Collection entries
+++
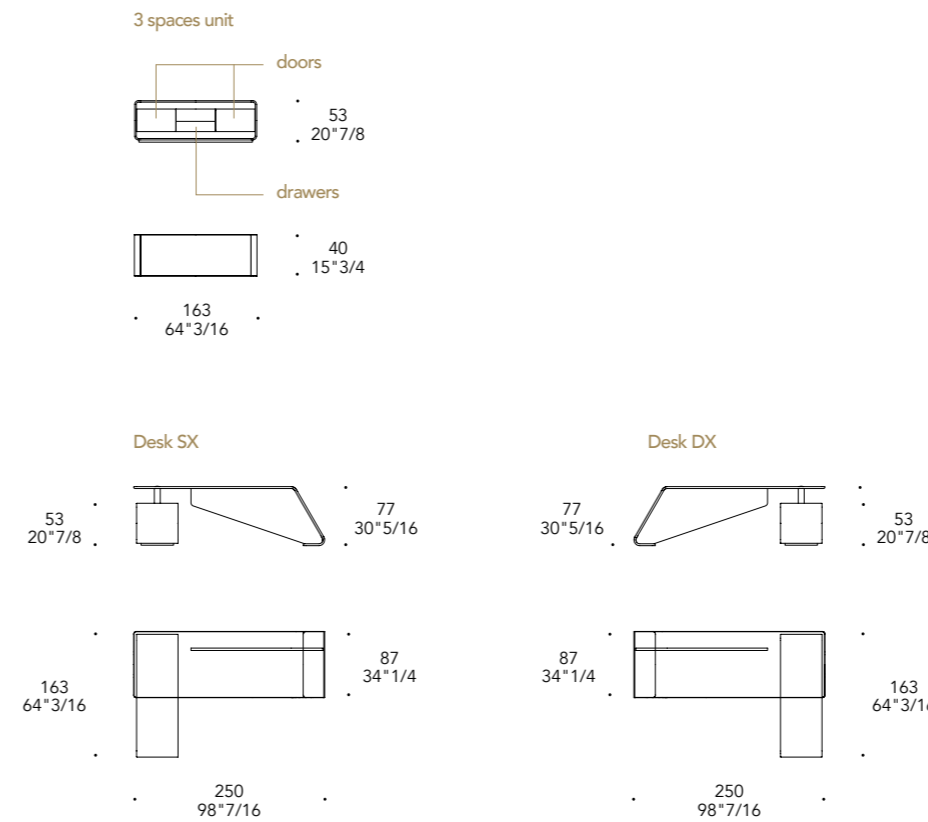

# OH SCRIVANIA

Design · Tulczinsky

▶ Wooden structure in satin Titanium 101M finish  
Front panel upholstered in leather Colorata Blu Grafite with Segno quilting  
Unit in satin Titanium 101M finish with doors in leather Cat. C Platino with Segno quilting  
150 x 162 x 77 h

## STRUTTURA & CASSETTIERA | 1 3

STRUCTURE & UNIT

Legno Wood	
100M Bronze 100M Bronze	
finitura/finish	
104M Ottone satinato 104M Satin brass	105M Ottone dark satinato 105M Satin dark brass
101M Titanium satinato 101M Satin titanium	

GAMBA  
/ LEG

CONTENITORE  
/ CONTAINER

PARTE CENTRALE  
/ CENTRAL SECTION

OFFICE
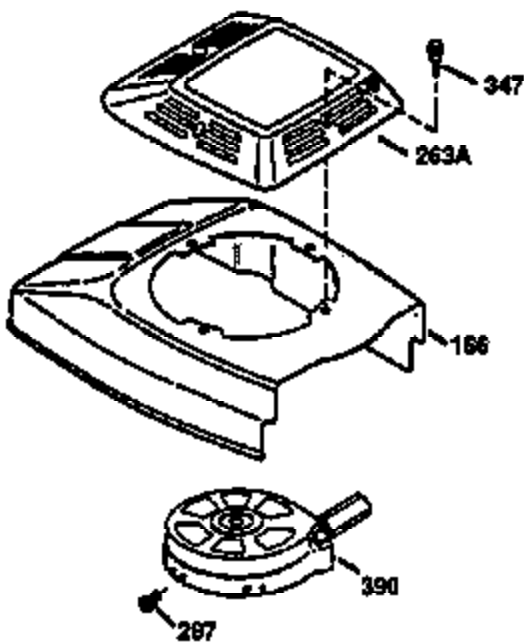

ILLUSTRATION SHOWS TYPICAL PARTS ONLY, ORDER BY PART NUMBER. PARTS NOT LISTED ARE SUPPLIED BY OEM.

Ref #	Part Number	Qty	Description
189A	650356	1	Screw, Torx T-30, 1/4-20 x 3/8"
238	650806	2	Screw, 10-32 x 5/8"
239	34338	1	* Air Cleaner Gasket
245	36745		Air Cleaner Filter
250	36744	1	Air Cleaner Cover
260	36756	1	Blower Housing
263A	36758	1	Starter Grill
287	650926	2	Screw, 8-32 x 21/64"
298	28763	3	Screw, 10-32 x 35/64"
300	36757	1	Fuel Tank (Incl. 292 & 301)
301	36246	1	Fuel Cap
359	36773	1	Starter Guard
390	590732	1	Rewind Starter (NOTE: This engine could have been built with 590738 starter).
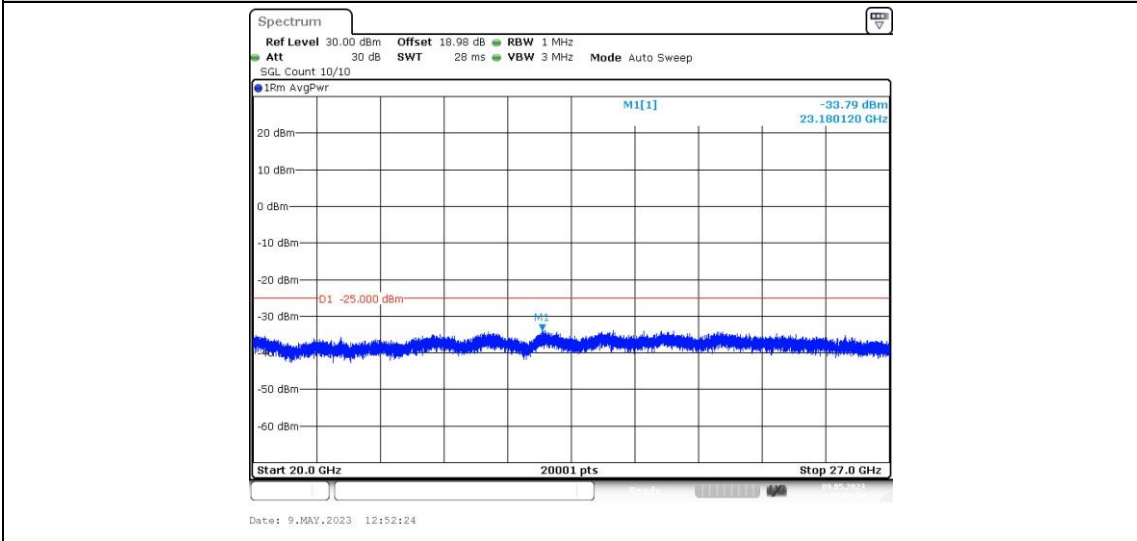

Band41-15MHz-16QAM-40620-1RB#0-Range5:20000~27000MHz
+++
Could you set down every record above exactly as written, leaving out the pictures?

Written response:
# OH SCRIVANIA

Design · Tulczinsky

▶ Wooden structure in satin Titanium 101M finish  
Front panel upholstered in leather Colorata Blu Grafite with Segno quilting  
Unit in satin Titanium 101M finish with doors in leather Cat. C Platino with Segno quilting  
150 x 162 x 77 h

## STRUTTURA & CASSETTIERA | 1 3

STRUCTURE & UNIT

Legno Wood	
100M Bronze 100M Bronze	
finitura/finish	
104M Ottone satinato 104M Satin brass	105M Ottone dark satinato 105M Satin dark brass
101M Titanium satinato 101M Satin titanium	

GAMBA  
/ LEG

CONTENITORE  
/ CONTAINER

PARTE CENTRALE  
/ CENTRAL SECTION

OFFICE

ILLUSTRATION SHOWS TYPICAL PARTS ONLY, ORDER BY PART NUMBER. PARTS NOT LISTED ARE SUPPLIED BY OEM.

Ref #	Part Number	Qty	Description
189A	650356	1	Screw, Torx T-30, 1/4-20 x 3/8"
238	650806	2	Screw, 10-32 x 5/8"
239	34338	1	* Air Cleaner Gasket
245	36745		Air Cleaner Filter
250	36744	1	Air Cleaner Cover
260	36756	1	Blower Housing
263A	36758	1	Starter Grill
287	650926	2	Screw, 8-32 x 21/64"
298	28763	3	Screw, 10-32 x 35/64"
300	36757	1	Fuel Tank (Incl. 292 & 301)
301	36246	1	Fuel Cap
359	36773	1	Starter Guard
390	590732	1	Rewind Starter (NOTE: This engine could have been built with 590738 starter).

Band41-15MHz-16QAM-40620-1RB#0-Range5:20000~27000MHz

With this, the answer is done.